Mobile satellite service (MSS) providers were generally united in their opposition of petitions for reconsideration by wireless interests, requesting that the FCC move to dismiss them. Cingular and CTIA had asked the Commission in July to act on the order authorizing the use of ancillary terrestrial components (ATCs) with MSS systems, expressing concern that FCC-imposed gating criteria designed to ensure substantial satellite service weren’t adequate (CD July 9 p5).
The FCC said it had accepted applications to participate in a Sept. 24 auction for narrowband PCS licenses from Marco Polo Wireless and Space Data Spectrum Holdings. The bidding involves 6 regional PCS licenses for which upfront payments are due from bidders Aug. 26.
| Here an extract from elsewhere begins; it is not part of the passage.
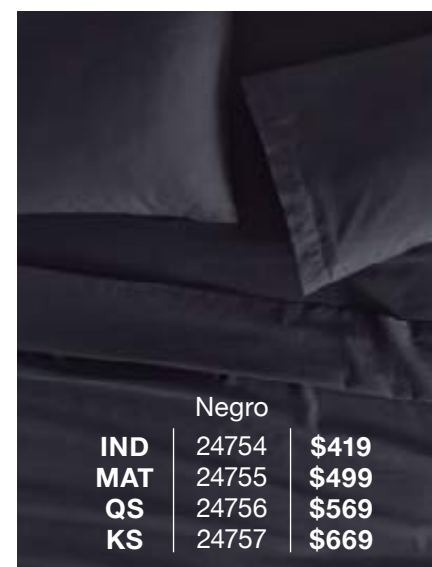

Negro		
IND	24754	$419
MAT	24755	$499
QS	24756	$569
KS	24757	$669

The FCC Wireless Bureau turned down as moot a request for grace periods by General Wireless Inc. (GWI), which sought additional time for the first round of quarterly installment payments due on its PCS licenses. GWI was an original C-block bidder that entered Chapter 11 bankruptcy protection after the PCS auctions and became involved in litigation similar to that of NextWave. In 2001, the U.S. Supreme Court turned down an FCC request to review a 5th U.S. Appeals Court, New Orleans, ruling that sided with GWI on the $166 million valuation of its licenses, which was just a fraction of its original bid. The carrier had bid $1.06 billion for the spectrum in 1996 for 14 PCS licenses. GWI submitted its down payments on time and received the licenses in 1997. As part of payment plan restructuring that the FCC undertook in 1997 and 1998 to help C-block licensees that ran into financial trouble after the auctions, the Commission had extended to 90 days an original 60-day nondelinquency period for payments due when obligations resumed. A letter to GWI from the bureau’s Auctions, Finance and Market Analysis Branch said the company had opted to resume payments for all of its spectrum under the terms set by an adversary proceeding in bankruptcy court. “The suspension of payment deadlines and the process of considering and adopting financial relief for all C-block licensees provided a period of well over a year in which no payment was required of GWI,” the branch said. “Given this suspension of the installment payment obligations that are the subject of the instant grace period requests, GWI’s grace period requests are moot.”